アメリカ滞在中、あるトレーナーからいろいろとお話を伺うことができました。
その方はNRHAダービーオープン、レベル2でチャンピオンにもなっている方。そしてAQHAワールドショーのジャッジもされる方。このお話を名前を明かして私のブログに書いていいか聞いたら、英訳し自分で間違いないかチェックさせてくれないと、発信の責任が持てないということから(ごもっともです。その言葉を聞いてますますその方の誠実なお人柄を感じます)お名前は伏せておきます。
お話聞きながら書き取ったので、間違いはないかと思いますが、もし英訳する機会があって間違った点があったら赤字で訂正します。
*****
〜Finish Horse(調教が入りきった馬)の維持について〜運動の進め方編
@運動・乗り始め・・・はじめはゆっくりとした駈歩。すべてゆっくりと。気になるところ、悪い個所もゆっくりと直しはじめて徐々に強めてきっちりやっていく。

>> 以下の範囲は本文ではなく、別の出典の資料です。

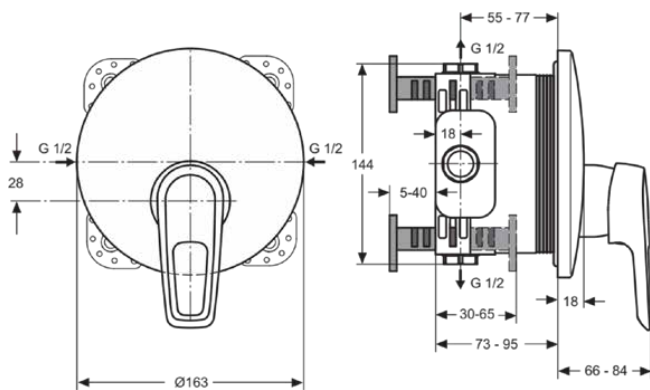

CERAMIX BLUE

A5666AA

CERAMIX BLUE | Brausearmatur UP Bausatz 2 163x66x199 mm in chrom, Kit 1 required (A1000), 25 l/min (3 bar) | Click-Technologie, EPD, SmartShine Oberfläche

Bild & Zeichnung

Allgemeine Informationen

Produktkategorie:	Brausearmaturen
Produktart:	Brausearmatur UP Bausatz 2
Marke:	Ideal Standard
Kollektion:	CERAMIX BLUE
Designer:	Artefakt
Colour:	AA - Chrom
Oberflächenveredelung:	glänzend
Höhe (mm):	199
Breite (mm):	163
Ausladung (mm):	66 - 84
Befestigungsart:	Kit 1 benötigt
Empfohlenes Unterputz-Kit:	A1000
Nettogewicht (kg):	0.94
EAN Code:	4015413326476

Produktspezifikationen

Anzahl der Rosette(n):	1
Anzahl der Griffe:	1
Farbcode:	AA
Farbbeschreibung:	chrom
Cool Body Technologie:	Nein
Absperrbare S-Anschlüsse:	Nein
Einstellbar Spülzeit:	Nein
Griffposition:	Vorderseite
Material:	Metall
Materialspezifikation:	Messing
Maximaler Durchfluss bei 3 bar (l/min):	25
Maximaler Durchfluss bei 3 bar (l/min) für alle Auslässe:	25
Durchfluss bei 3 bar (l) - Auslauf:	25

CERAMIX BLUE

A5666AA

CERAMIX BLUE | Brausearmatur UP Bausatz 2 163x66x199 mm in chrom, Kit 1 required (A1000), 25 l/min (3 bar) | Click-Technologie, EPD, SmartShine Oberfläche

Produktspezifikationen

Betriebs-Höchstdruck (bar):	10
Betriebs-Mindestdruck (bar):	0.5
Geräuschgedämpfte S-Anschlüsse:	Nein
PVD Technologie:	Nein
Form der Rosette(n):	Rund
Smartshine:	Ja
Oberflächenschutz:	verchromt
Oberflächenveredelung:	glänzend
Temperaturbegrenzer:	Ja
Griffart:	Betätigungshebel
Art der Temperaturkontrolle:	Manuelle Betätigung
Mit S-Anschlüssen:	Nein
Mit Rosette(n):	Ja
Mit Griff(en):	Ja
Mit Handbrause-Set:	Nein
Mit Kopfbrause:	Nein
Mit Dichtvlies:	Ja
Mit Brausekombination:	Nein
Befestigungsart:	Kit 1 benötigt
Montageart:	Wandeinbau

@悪いところの直し方(伸びちゃうとかストップが入らないとか)・・・1番大きい問題は、抵抗(硬さ)が取れるまで片方ずつやり、ある程度取れたら次の問題へ進む。(例えば、右をある程度やったら左をやる)最後に両方を当てて確認する。
@ストップの後に回転させるのは?・・・ストップを終えても次の運動があると、意識させるため。

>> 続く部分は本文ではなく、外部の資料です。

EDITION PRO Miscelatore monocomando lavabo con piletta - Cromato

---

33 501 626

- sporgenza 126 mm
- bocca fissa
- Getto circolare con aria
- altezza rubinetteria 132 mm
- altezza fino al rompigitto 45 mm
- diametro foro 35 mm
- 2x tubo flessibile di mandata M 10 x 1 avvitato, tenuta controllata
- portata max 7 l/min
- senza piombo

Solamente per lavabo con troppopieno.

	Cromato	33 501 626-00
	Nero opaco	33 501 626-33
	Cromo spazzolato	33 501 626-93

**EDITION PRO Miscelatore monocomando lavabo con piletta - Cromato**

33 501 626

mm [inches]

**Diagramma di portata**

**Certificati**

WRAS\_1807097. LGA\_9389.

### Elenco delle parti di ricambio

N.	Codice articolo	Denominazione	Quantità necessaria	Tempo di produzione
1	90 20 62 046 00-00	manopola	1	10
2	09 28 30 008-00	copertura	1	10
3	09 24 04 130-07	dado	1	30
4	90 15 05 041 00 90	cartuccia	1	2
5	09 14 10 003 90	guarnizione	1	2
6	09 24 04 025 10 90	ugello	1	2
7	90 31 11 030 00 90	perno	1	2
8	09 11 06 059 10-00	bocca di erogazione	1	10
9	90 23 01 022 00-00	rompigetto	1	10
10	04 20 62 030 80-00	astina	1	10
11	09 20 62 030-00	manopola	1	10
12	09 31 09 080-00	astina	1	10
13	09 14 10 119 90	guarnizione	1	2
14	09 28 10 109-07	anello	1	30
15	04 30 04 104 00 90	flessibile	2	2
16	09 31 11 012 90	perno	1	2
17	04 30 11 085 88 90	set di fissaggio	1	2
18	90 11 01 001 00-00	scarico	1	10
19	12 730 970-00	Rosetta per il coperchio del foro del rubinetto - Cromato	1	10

@個々のマヌーバ―ができるようになったらいろんな組み合わせで2種を組み合わせて(繋がりを確認)ショー本番で全てを組み合わせる。
〜Finish Horseの維持について〜心構え編
@Finishした馬は例えて言うなら「コップの水が満タンの状態」
@ビギナーに乗せるというのはその水が減っていくのと同じこと
@少し減ったらすぐにその分を足して、常に満タンに戻すことが大切
@減り続けると、ある時底に穴が開いてしまい、そうなるといくら足しても満タンには戻らない
@(例えば)週に2日ビギナーが乗るなら5日は足すことを念頭に乗って行く
@メンテナンス箇所をメインに、しかし「やり過ぎず」他の箇所もチェックすること
@全てのマヌーバ―をチェックする(チェックは低速から始めて100%まで)
@マヌーバ―とマヌーバ―のつながりをチェック(いろんな種類の組み合わせで)
@悪いところは「やり過ぎないこと!」
@馬がそのマヌーバ―を嫌いにならないこと
*****
「コップの水が満タンな状態」の表現がとても分かりやすくて、このお話全てが自分の心に沁み込んでいきました。

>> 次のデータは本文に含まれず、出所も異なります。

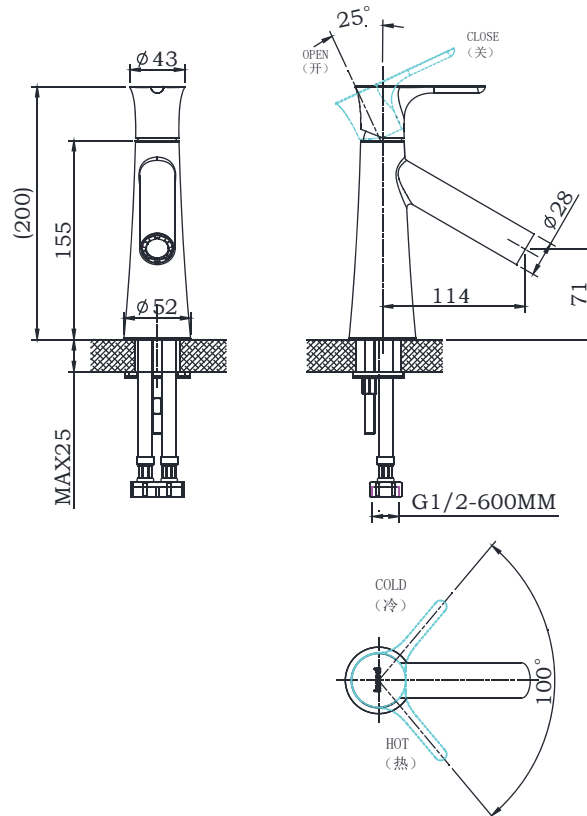

## NF13647BG

Single Handle Basin Faucet

单孔单把面盆龙头

(Rough-in Dimensions):

安装尺寸图:

(Unit): mm

单位: 毫米

Pressure range: 0.1-0.5MPa

水压范围: 0.1-0.5MPa

Best to use: 0.3MPa

最优水压: 0.3MPa

Item No. 品号	NF13647BG		
Available Color 颜色	Brushed Gold 拉丝金色		
Materials 材质	Brass 铜		
Cartridge 阀芯	Φ25ceramic cartridge Φ25陶瓷阀芯		
Aerator 起泡器	NEOPERL 纽珀		
Shipping Package 运输包装	Set/CTN: 12 Set 套/箱: 12套	M <sup>3</sup> /CTN: 0.12M <sup>3</sup> 体积/箱: 0.12 M <sup>3</sup>	G.W/CTN: 15kg 毛重/箱: 15kg

Remarks: With S.S. flexible supply tube set, Without press pop up waste, Table opening size Φ35, 0.3MPa±0.02MPa, Outlet water flow 9.5 L/MIN.

备注: 包含不锈钢进水软管组, 不含按压式排管, 台面开孔尺寸Φ35, 动态水压0.3MPa±0.02MPa, 水流量 9.5 L/min。

レイニングの理想は「馬が自ら進んで演技しているように動くこと」だと思います。馬自身のやる気がポイントなんだ。悪いところをしつこくしつこく注意されると苦手意識というかそれをやるの、嫌になっちゃう。自分だって。
根本はどのトレーナーも同じなんだと思う。でも方法はちょっとずつ人によって違うんだとも思う。それは今回乗せてもらった馬(トレーナー)によって馬への指示の出し方が違ったし、そういう細かいところは本人の理想や性格、方向性などでカスタマイズしているんだろう。
ただ、馬へのスタンスはみな同じ。それはどの厩舎でも必ず出迎えてくれる犬たちの態度を見ても感じることだった。アメリカ人のしつけ方は対人でも、対動物でも、日本古来の方法とは違いが明らか。ここから意識して行かないと追いつけないんだろうなって。
今回私はいろんなレベルの馬10頭くらい?跨らせてもらった。どれも5分程度でサークル、スピン、ストップをやりました。
ほとんど毎回同行トレーナーに「持ち過ぎ!脚使いすぎ!ストップでハミが当たっちゃってる!」と指摘。私、日本じゃ割と長く手綱持つ方だと思うんだけど…でも指摘されるということは出来てないということ!
これは自分と向き合ういい勉強でした。跨ってすぐに馬と折り合いをつけなきゃいけない。サークルを2〜3周すると折り合いが付きはじめる。だけど本心ではまだ分かり合えていないのが分かる。馬が私より少し前にいる。それを引きずってるからストップで拳にこわばりが出る。
この、初めての馬に跨る5分が自分の全神経、全感覚を研ぎ澄ませて馬を探り、耳だけは指摘を聞いて…すっごく精神的に疲れる、でも最高に至福の時間だったのです!アメリカの試合で借りた馬たちや大会会場で試乗した売り馬たちとは、なんか全然違う感触の馬たちだった。オープンレベル4のトレーナーがコップ満タンの状態にしている馬や、色んな人を乗せたことのない馬だったからなんだと思う。ホッントに良い経験をさせてもらいました。この機会を与えてくださった方々に感謝!